Item 1.01 - Entry into a Material Definitive Agreement.
On August 1, 2025, Turtle Beach Corporation, a Nevada corporation (the “Company”) entered into the Credit Agreement (the “Credit Agreement”), by and among the Company, Voyetra Turtle Beach, Inc., a Delaware corporation (“Voyetra”), TBC Holding Company LLC, a Delaware limited liability company (“TBC Holding”), Performance Designed Products LLC, a California limited liability company (“Performance Designed”, and together with Parent, Voyetra, and TBC Holding, each individually a “U.S. Borrower,” and collectively, jointly and severally, the “U.S. Borrowers”), Turtle Beach Europe Limited, a company limited by shares and incorporated in England and Wales with company number 03819186 (the “U.K. Borrower”; and together with the U.S. Borrowers, each individually a “Borrower,” and collectively, jointly and severally, the “Borrowers”), VTB HOLDINGS, INC., a Delaware corporation, Tide Acquisition Sub II, LLC, a Delaware limited liability company, the other guarantors party thereto, the lenders party thereto, and Bank of America, N.A. (“Bank of America”), as the administrative agent, the swingline lender and the L/C issuer.
Credit Agreement
The Credit Agreement includes a $60,000,000 term loan facility (the “Term Loan Facility”) and a $90,000,000 revolving credit facility (“Revolving Facility”, and together with the Term Loan Facility, the “Facilities”) with designated sub-facility limits of (i) $15,000,000 for the U.K. Borrower, (ii) $10,000,000 for a swingline facility and (iii) $5,000,000 for letters of credit. Actual credit availability under the Revolving Facility is subject to a borrowing base limitation that is calculated based on a percentage of eligible trade accounts receivable and inventories, the balances of which fluctuate, and is subject to discretionary reserves and revaluation adjustments. The Borrowers may utilize the Facilities for borrowings as well as for the issuance of letters of credit, repaying existing indebtedness outstanding as of the effective date of the Credit Agreement and ongoing working capital and general corporate purposes as defined by the Credit Agreement. The Facilities refinance and replace the Company’s previous debt arrangements.

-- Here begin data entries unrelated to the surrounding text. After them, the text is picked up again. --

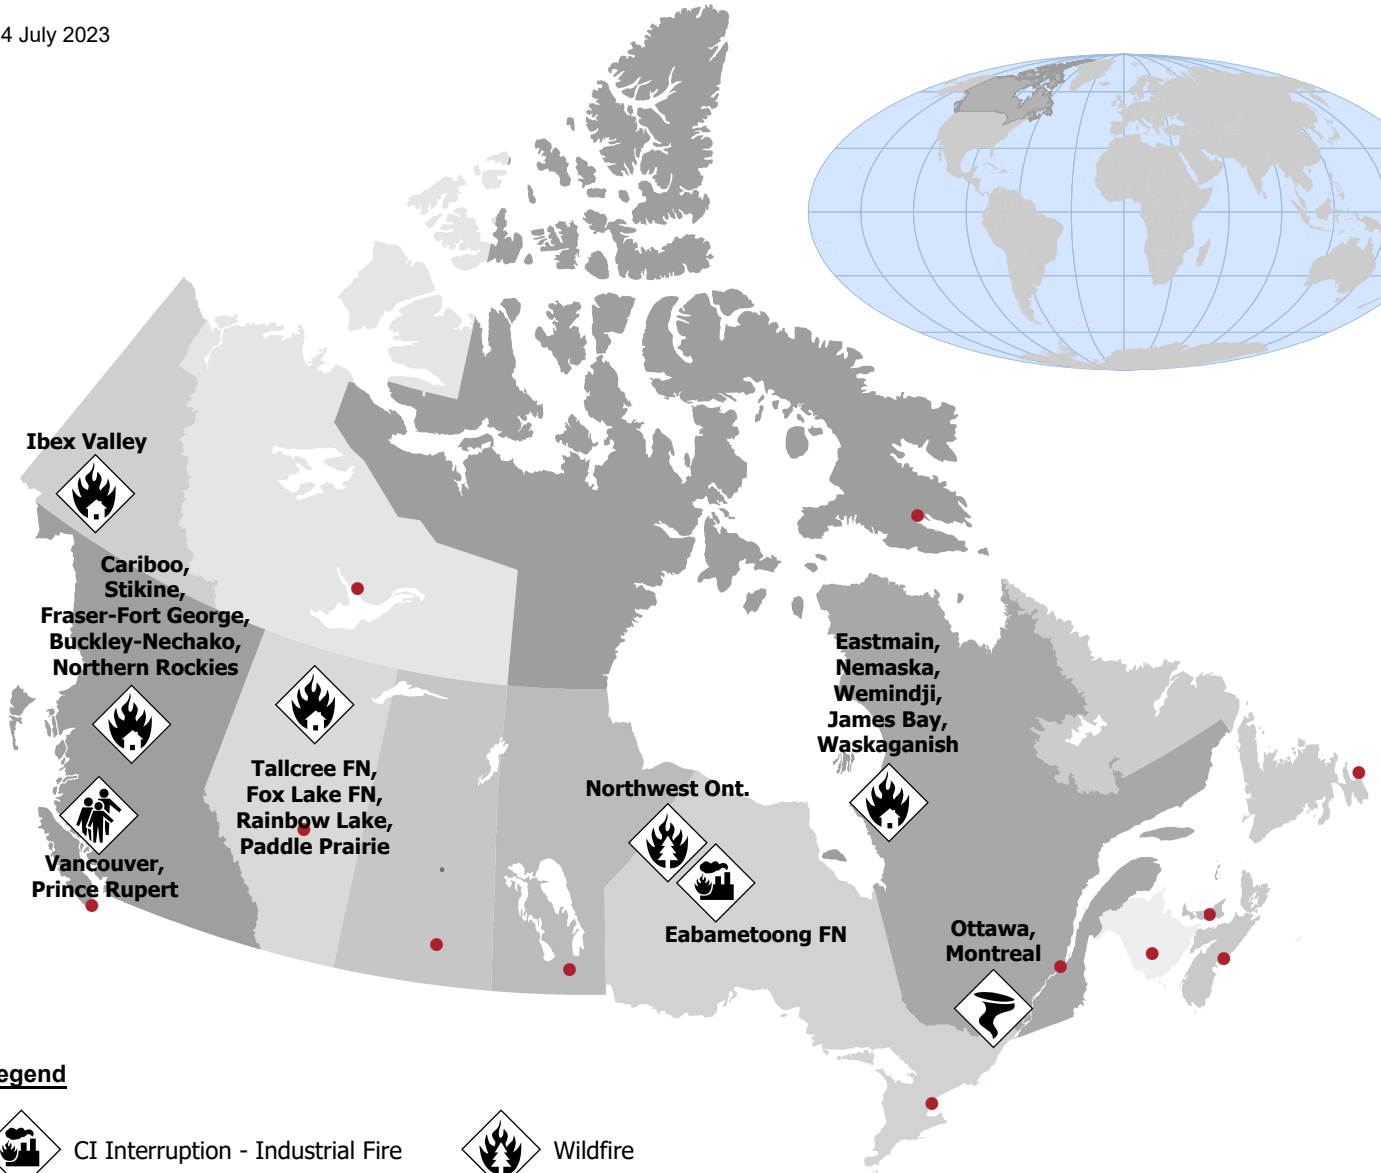

14 July 2023

Legend

 CI Interruption - Industrial Fire

 Wildfire

 Demonstration

 Wildland Urban Interface Fire

 Extreme Weather - Tornado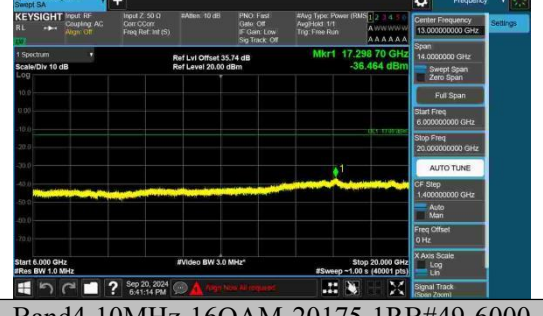

Band4-10MHz-16QAM-20175-1RB#49-1000~3000-PASS

Band4-10MHz-16QAM-20175-1RB#49-6000~20000-PASS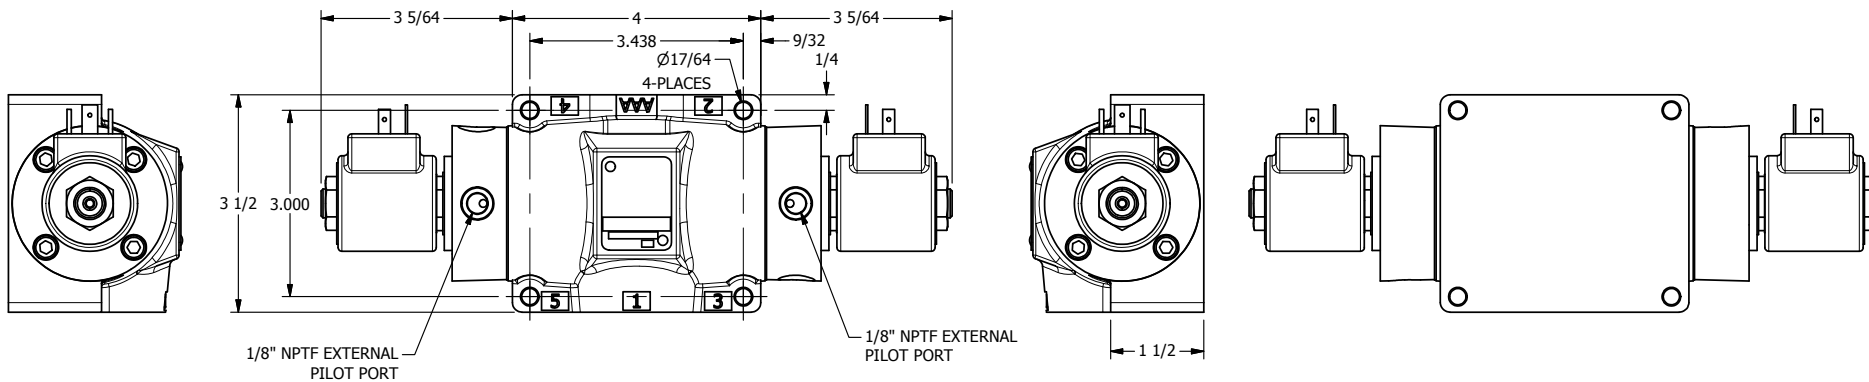

4

3

2

1

**AAA**  
PRODUCTS  
INTERNATIONAL

**AAA PRODUCTS  
INTERNATIONAL**  
7114 Harry Hines Blvd  
Dallas, TX 75235

TITLE 1/2" SIDE PORT, DBL SOL, 3 POS,  
SPR CTR, SOL RTRN, CLSD CTR SPL,  
ISO 4400 DIN, EXT PILOT

DRAWING NO.:  
DIM\_SY4EDZ

THE INFORMATION CONTAINED WITHIN THIS DOCUMENT IS PROPRIETARY TO AAA PRODUCTS AND MAY NOT BE DISCLOSED WITHOUT PRIOR WRITTEN CONSENT

4

3

2

1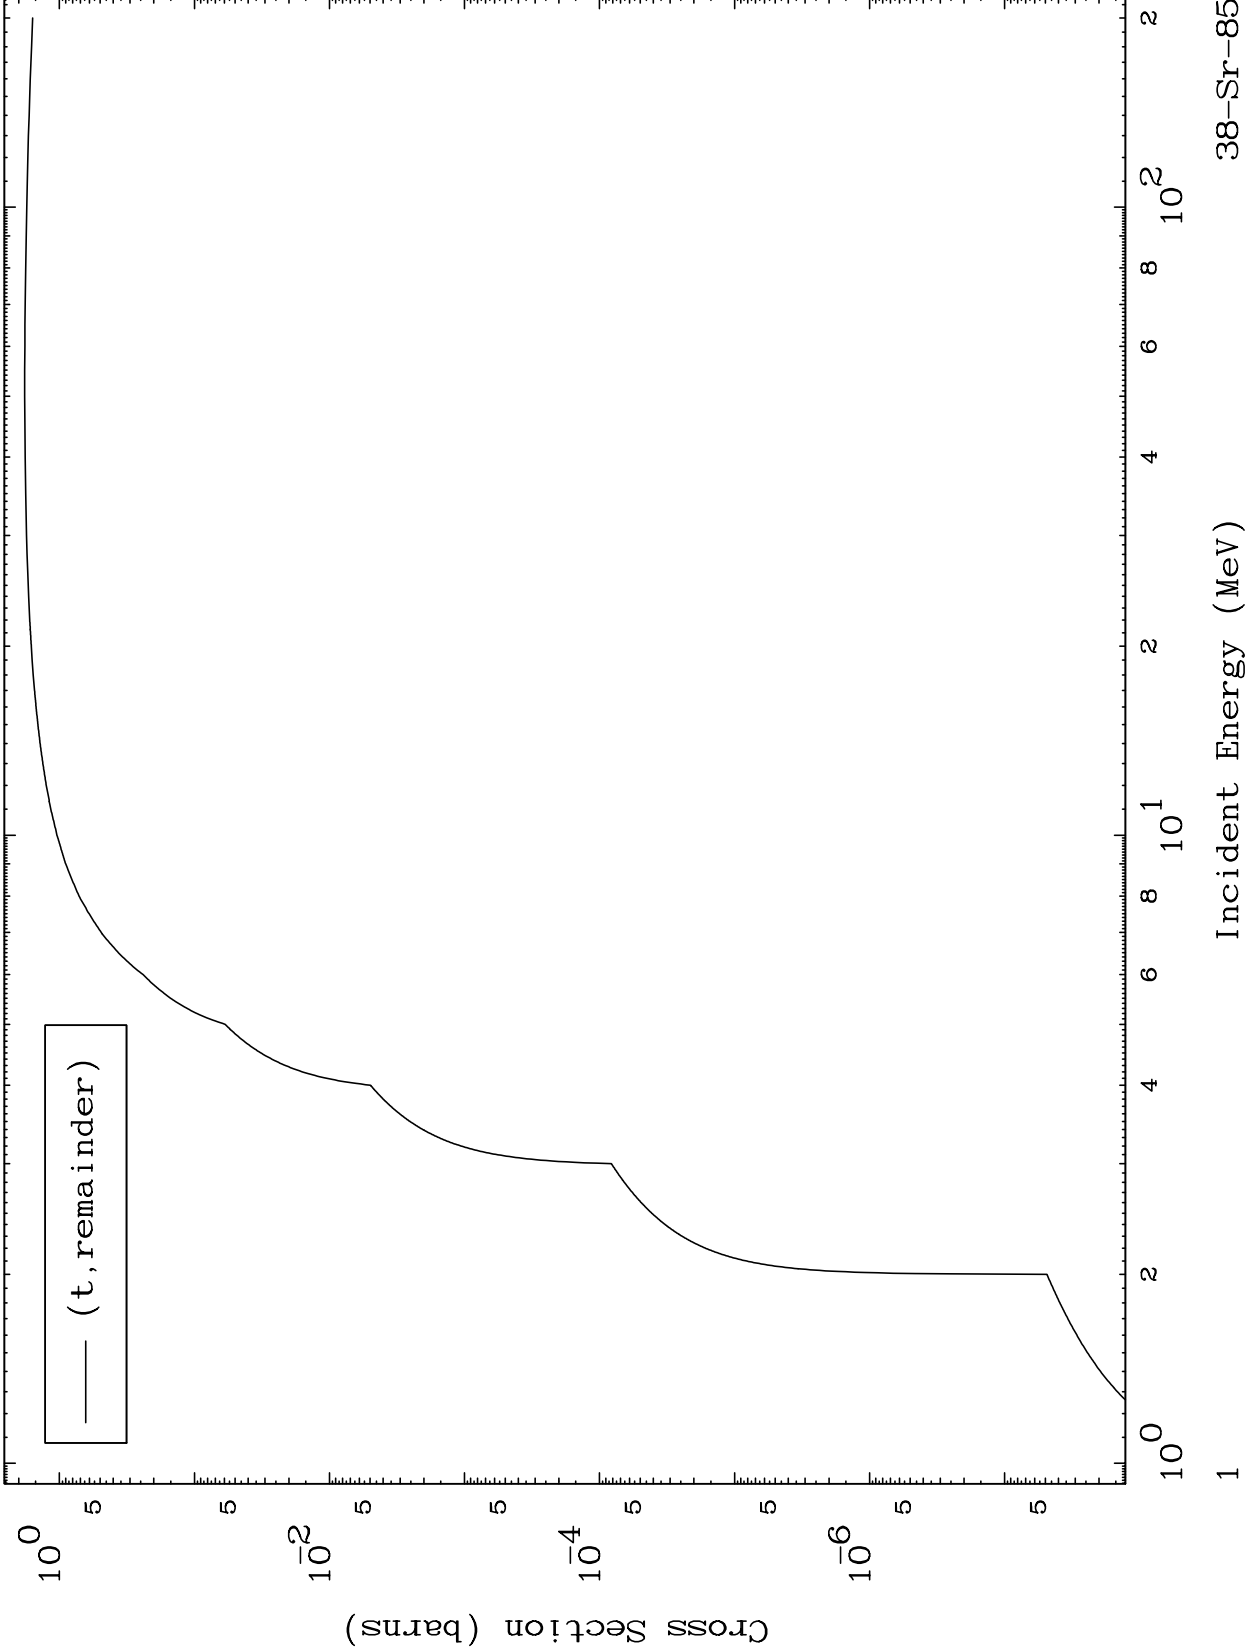

Press Mouse Button to Start

MAT 3828

Triton Major  
0 Kelvin Cross Sections

38-Sr-85

38-Sr-85

Maturity. The Facilities mature on August 1, 2028.
Security. To secure their obligations under the Credit Agreement, the Company and each of the other loan parties granted an all-assets lien with a first priority security interest in substantially all of their assets to the administrative agent.
Interest Rates and Fees. Borrowings will bear interest at a rate that varies depending on the type of loan and the Borrower. The interest rate will be calculated using a floating rate plus a margin. Depending on the type of loan, the floating rate will either be the prime rate announced by Bank of America, Term SOFR, Daily Simple SOFR, EURIBOR or SONIA. The margin will range from 2.00% to 2.75% for base rate loans and SONIA based loans and from 3.00% to 3.75% for Term SOFR, Daily Simple SOFR and EURIBOR loans. The Credit Agreement also provides for an unused line fee, letter of credit fees, and agent fees.
Voluntary Prepayment. The Borrowers will be able to voluntarily prepay the principal of any advance, without penalty or premium, at any time in whole or in part, subject to certain breakage costs.
Financial and Other Covenants. The Credit Agreement requires the Company and its subsidiaries to (i) maintain a fixed charge coverage ratio, defined as the ratio, determined on a consolidated basis for the Company and its subsidiaries for the applicable measurement period, of (a) EBITDA minus unfinanced capital expenditures and cash taxes paid for such period to (b) consolidated interest charges for such period plus principal payments or redemptions of outstanding debt plus certain restricted payments and (ii) maintain a consolidated leverage ratio, defined as the ratio, determined on a consolidated basis for the Company and its subsidiaries for the applicable measurement period, of (a) certain funded indebtedness minus unrestricted cash up to a maximum of $12,000,000 to (b) EBITDA. The Credit Agreement also contains affirmative and negative covenants that, subject to certain exceptions, limit our ability to take certain actions, including our ability to incur debt, pay dividends and repurchase stock, make certain investments and other payments, enter into certain mergers and consolidations, engage in sale leaseback transactions and transactions with affiliates, and encumber and dispose of assets.
Events of Default. The Credit Agreement contains customary events of default, including defaults triggered by the failure to make payments when due, breaches of covenants and representations, material impairment in the perfection of the lenders’ security interest in the collateral, and events related to bankruptcy and insolvency of the Company and its subsidiaries. If an event of default occurs and is continuing, the lenders may terminate and/or suspend their obligations to make loans and issue letters of credit and/or accelerate amounts due under the Credit Agreement and exercise other rights and remedies.
The foregoing description of the Credit Agreement does not purport to be complete and is qualified in its entirety by the full text of such agreement, a copy of which is attached hereto as Exhibit 10.1.